OpenAI has demonstrated GPT-4 omni (GPT-4o), an “astonishing” update that gives ChatGPT a human-sounding voice, translation skills, computer vision, an emotional range – and a singing voice.

Introduced in a live demonstration led by OpenAI chief technology officer Mira Murati, the user interface changes built into the GPT-4o large language model (LLM) – which she said “will bring GPT-4 level intelligence to everyone, including our free users” as it is rolled out in coming weeks – have been designed to make interaction with the model “much more natural and far, far, easier.”

“For the past couple of years, we’ve been very focused on improving the intelligence of [GPT] models but this is the first time that we are really making a huge step forward when it comes to ease of use,” Murati said. “This is incredibly important because we’re looking at the future of interaction between ourselves and the machines.”

Through a series of demonstrations, Murati – along with head of frontiers research Mark Chen and post-training team lead Barret Zoph – showed how the GPT-4o app, which is also set to debut in a desktop app, provides a natural language interface that supports dozens of languages and queries while providing near instantaneous responses.

The new model’s faster speed meant the demonstrators could interrupt the GPT-4o voice in mid-sentence, giving it new instructions just like one person might interrupt another during the natural flow of conversation.

Asked to read a bedtime story, GPT-4o changed its tone of voice when requested, speaking in a more intense way each time it was asked to add more “drama” – then switching to a dramatic robotic voice, and singing the end of the story as well.

The multi-modal model also integrates computer vision – allowing it to, for example, interpret a written linear mathematics equation and talk Zoph through the process of solving it.

GPT-4o’s computer vision capabilities also enabled it to analyse a selfie of Zoph and infer his emotional state – “pretty happy and cheerful,” the model surmised, “with a big smile and maybe a touch of excitement”.

Once more, with feeling

The voice capabilities of GPT-4o immediately drew comparisons online to ‘Samantha’, the Scarlett Johansson-voiced AI companion from the 2013 movie ‘Her’ – which mainstreamed the idea of an emotional, human-sounding AI capable of convincing willing users that it was human.

The emotive range of the new AI is “quite astonishing,” Alex Jenkins, director of Curtin University’s WA Data Science Innovation Hub, told Information Age.

He likened the original ChatGPT to “a deaf person who read every book in the world, every journal article, and every piece of paper they could get their hands on – but they didn’t know how the world sounds.”

“They didn’t know what human speech was like,” he said, “and that obviously has an impact in terms of communicating in a human-like way, because we use expression in our voice all the time as a key component of communication.”

Although computers have been “talking” for many years, Jenkins added, “dumb” previous text-to-speech engines “didn’t understand the intent and context of the conversation.
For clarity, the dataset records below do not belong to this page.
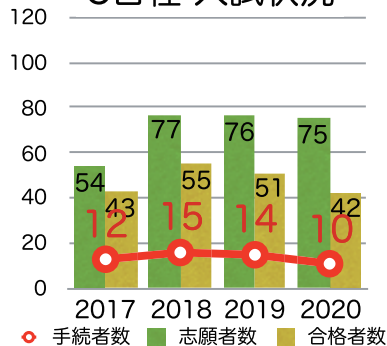

B日程(初日午後) 特待 算理

国算・国算理に加え算理判定もあり！

- ① 算理2教科(Ⅳ型)の受験型あり！しかもⅣ型は16時集合で、遠方からの併願でも間に合う！
- ② 国算理3教科(Ⅱ型)受験者も、この日程に限り算理でも判定！
- ③ 全額・半額 特待生判定あり！(要 事前審査)

こんな受験生にオススメ

初日午後の併願受験先で算理2科だけで勝負したい
国語が苦手だ

B日程 入試状況

C日程(2日目午前)

当日朝まで出願受付！国算理も受験可

- ① 当日朝まで出願を受付！初日受験校の可否を確認後に出願・受験できる！
- ② 国算(Ⅰ型)か国算理(Ⅱ型)を選べるので、自分の得意を活かせる！

こんな受験生にオススメ

2日目の併願受験先で理科も判定に加えてほしい

C日程 入試状況

D日程(8日目午前) 特待 高重

半額特待枠もある、最後のチャンス！

- ① 統一解禁日から1週間後の実施！当日朝まで出願受付！最後まで頑張る受験生を応援します
- ② 国算(Ⅰ型)か国算理(Ⅱ型)を選べるので、自分の得意を活かせる！
- ③ 半額 特待生判定あり！(要 事前審査)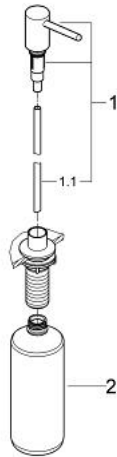

Pure Freude
an Wasser

40 536 000 CONTEMPORARY SOAP DISPENSER

MÔ TẢ SẢN PHẨM

- Colour: chrome
- for liquid soaps
- storage bin 500 ml
- Bề mặt mạ GROHE LongLife

40 536 000 CONTEMPORARY SOAP DISPENSER

PHỤ KIỆN LẮP ĐẶT, tháng 11 2010 – now

1: Pump device (Order-nr. 48101000)

1.1: Pipe (Order-nr. 48168000)

2: Soap container (Order-nr. 48169000)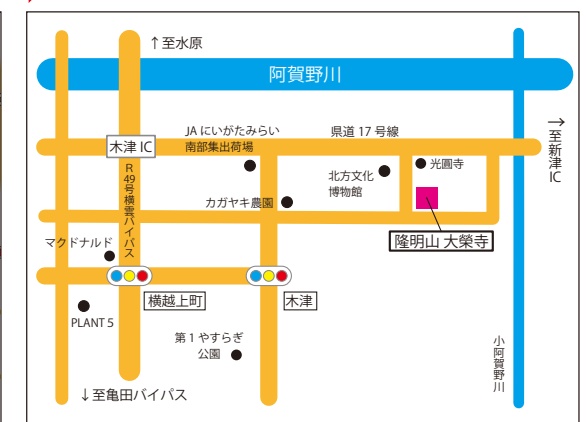

今だけのお買い得商品を多数取り揃えました!

初夏のビッグセール

5/30(木)まで

樹木葬

柏崎市・上越市・新潟市に新規OPEN!

現地ご見学会

来場予約不要、お気軽にお越しください

管理費不要・継承者不要・宗派不問
どなたでも利用できるお墓です

ご来場者様へ
食器洗剤
プレゼント

4/27(土)・28(日)・29(月祝)
10:00~16:00

NEW 柏崎 法禅寺
柏崎市西本町2-7-21

5/3(金祝)・4(土祝)・5(日祝)

NEW 上越 久昌寺
上越市寺町2-22-7

5/11(土)・12(日)・13(月)
10:00~16:00

NEW 新潟 大榮寺
新潟市江南区沢梅3-3-18

トーア樹木葬はこれまで1,400組以上のお客様にお選びいただきました

They were reading the words out and not applying inflection in any kind of meaningful way.”

“This new model understands how the world sounds and how people sound, and it’s able to express its voice in a similar fashion to what humans can do.”

The announcement quickly drew a counter salvo from Google, which announced the availability of its Gemini 1.5 Pro LLM – which adds features such as analysis of audio files and uploaded documents up to 1,500 pages long.
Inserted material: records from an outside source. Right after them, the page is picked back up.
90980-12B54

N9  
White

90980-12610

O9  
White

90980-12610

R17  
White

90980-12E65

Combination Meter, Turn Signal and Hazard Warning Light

Availability of GPT-4o as a desktop app will also threaten Apple’s Siri – reportedly due for an AI overhaul at next month’s Worldwide Developers Conference – and Microsoft’s Cortana voice assistants, with Zoph demonstrating how he can feed the source code of the application to the desktop app and ask it questions about the information – such as what the code does or what its output means.

Progressing the technology to this point “is quite complex,” Murati said, “because when we interact with each other there is a lot of stuff that we take for granted.”
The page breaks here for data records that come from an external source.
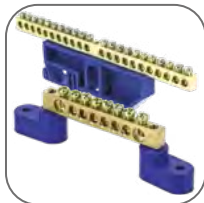

Шины N и PE латунные EKF PROxima

IP00

IP20

 -40°C
+50°C

 ГАРАНТИЯ
7
ЛЕТ

EAC

Шины предназначены для присоединения нулевых проводников (шина N) и заземления (шина PE). Шины выполнены из латуни. Нулевая шина устанавливается на изоляторе.

Широкий выбор шин позволяет точно подобрать подходящую по размер установке шину

Материал контактной части: качественная латунь

Изоляторы изготовлены из пластика, не поддерживающего горение

Прижимные винты изготовлены из никелированной стали

Скругление контактной части винта предотвращает срез проводника при затяжке

Изображение	Наименование	Крепление шины	Количество отверстий	Артикул (габарит 6x9 мм)	Артикул (габарит 8x12 мм)
	Шина PEN «ноль-земля» EKF PROxima	Крепеж по краям	4	sn0-63-04-k	sn0-125-4-k
			6	sn0-63-06-k	sn0-125-6-k
			8	sn0-63-08-k*	sn0-125-8-k
			10	sn0-63-10-k	sn0-125-10-k
			12	sn0-63-12-k	sn0-125-12-k
			14	sn0-63-14-k*	sn0-125-14-k*
			16	sn0-63-16-k	sn0-125-16-k
			18	sn0-63-18-k	sn0-125-18-k
			20	sn0-63-20-k	sn0-125-20-k
			22	sn0-63-22-k	sn0-125-22-k
	Шина PEN «ноль-земля» EKF PROxima	Крепеж по центру	4	sn0-63-04*	sn0-125-4-c
			6	sn0-63-06*	sn0-125-6-c
			8	sn0-63-08*	sn0-125-8-c
			10	sn0-63-10*	sn0-125-10-c
			12	sn0-63-12*	sn0-125-12-c
			14	sn0-63-14*	sn0-125-14-c*
			16	sn0-63-16	sn0-125-16-c
			18	sn0-63-18	sn0-125-18-c
			20	sn0-63-20*	sn0-125-20-c
			22	sn0-63-22	sn0-125-22-c
24	sn0-63-24	sn0-125-24-c

Where previous GPT models used three separate elements to produce speech – transcription intelligence, text-to-speech, and orchestration – she explained that GPT-4o integrates these capabilities natively across voice, text, and visual prompts.

The efficiency of GPT-4o is also significant because it will be the first time that OpenAI’s GPT-4 LLM – a far more powerful engine than the widely used GPT 3.5 that has previously only been offered to paying customers – is available to any user, for free.

As the benchmark against which other LLMs are measured in terms of capability, speed and security, GPT-4’s general availability will significantly boost the AI capabilities available to the mass market – with GPT-4o’s voice-driven user interface enabling a broad range of new use cases.

As well as helping in applications such as helping autistic people learn how to communicate verbally, the new model will likely be able to write poetry “that sounds like it flows, and sounds lyrical,” Jenkins said.

“We’re a long way from the sort of doomsday Skynet scenario,” he laughed.

“I think the biggest immediate risk is that we'll be inundated with a lot of mediocre poetry.”